Yale researchers create robotic skins that can animate everyday objects

Could be used for everything from search-and-rescue robots to wearable tech

Yale researchers have developed a form of robotic technology that can animate the inanimate and turn everyday objects into robots.

This new "Robotic Skins" technology flips the motion that robotics refers to something rigid, heavy, and built for a specific purpose completely on its head.

Developed in the lab of Rebecca Kramer-Bottiglio, assistant professor of mechanical engineering and materials science, robotic skins enable users to design their own robotic systems.

Although the skins are designed with no specific task in mind, Kramer-Bottiglio said they could be used for everything from search-and-rescue robots to wearable technologies.

The skins are made from elastic sheets embedded with sensors and actuators. Placed on a deformable object - such as a stuffed animal or a foam tube - the skins animate these objects from their surfaces.

The makeshift robots can also perform different tasks depending on the properties of the soft objects and how the skins are applied.

"We can take the skins and wrap them around one object to perform a task, locomotion, for example, and then take them off and put them on a different object to perform a different task, such as grasping and moving an object," Kramer-Bottiglio explained.

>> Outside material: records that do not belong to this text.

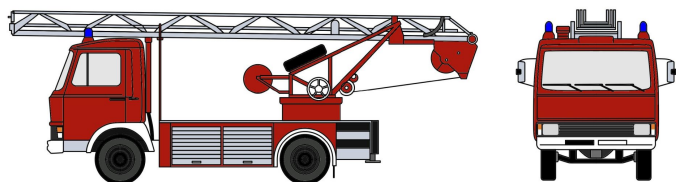

Übersicht

Loewe 4124 - Iveco Magirus "Zeta" 90M5 - DL18 Neutral Rot (Facelift)

Loewe

Produktnummer: A360877

Preis

52,90 €*
€

Preise inkl. MwSt. zzgl. Versandkosten

Beschreibung

Magirus Deutz „Zeta“ 90M5 – Drehleiter DL18 (Neutral) in Feuerrot RAL3000 (Fahrerkabine in Facelift-Version)

Produktinformationen

Größe:

H0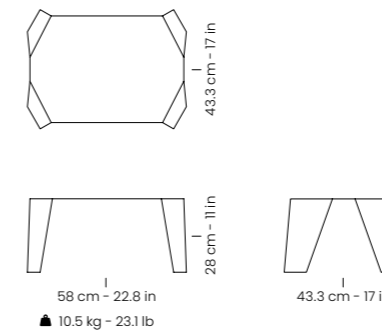

Sapporo

by Toni Pallejà

Inspired by the art of origami, this steel side table blends geometry and lightness. Available in 16 colors, it's perfect for lounge areas and waiting rooms.

Inspirada en el arte de la papiroflexia, esta mesita auxiliar de acero combina geometría y ligereza. Disponible en 16 colores, es ideal para zonas de espera y espacios de descanso.

SPR/01

Thickness 3 mm

Material Iron.
Hierro.

Finish Powder coated.
Hierro pintado con pintura en polvo.

Conductivity 100%

Fire resistance UNE-EN 13501-1 Al-si, d0

Optimal space Indoor. Cathaphoretic coating for outdoor use on request.
Interior. Tratamiento catafórico para exterior bajo pedido.

Cleaning Damp cloth only. Avoid abrasive products.
Solo paño húmedo. Evitar productos abrasivos.

Sustainability Materials easily disassembled for recycling.
Materiales fácilmente desmontables para reciclaje.

Warranty 2 year limited. Excludes misuse or intentional damage.
2 años limitada. No cubre mal uso ni daños intencionados.

Packaging Cardboard box with protective bag. One package.
Caja de cartón con bolsa protectora. 1 paquete.
Volume / volumen : SPR/01: 0,081 m³

Custom color / Color personalizado.

"We can then take those same skins off that object and put them on a shirt to make an active wearable device."

She added that they can also be used in settings that hadn't even been considered when they were designed.

Additionally, using more than one skin at a time allows for more complex movements. For instance, Kramer-Bottiglio said, you can layer the skins to get different types of motion.

"Now we can get combined modes of actuation, for example, simultaneous compression and bending."

To demonstrate the robotic skins in action, the researchers created a handful of prototypes. These include foam cylinders that move like an inchworm, a shirt-like wearable device designed to correct poor posture, and a device with a gripper that can grasp and move objects.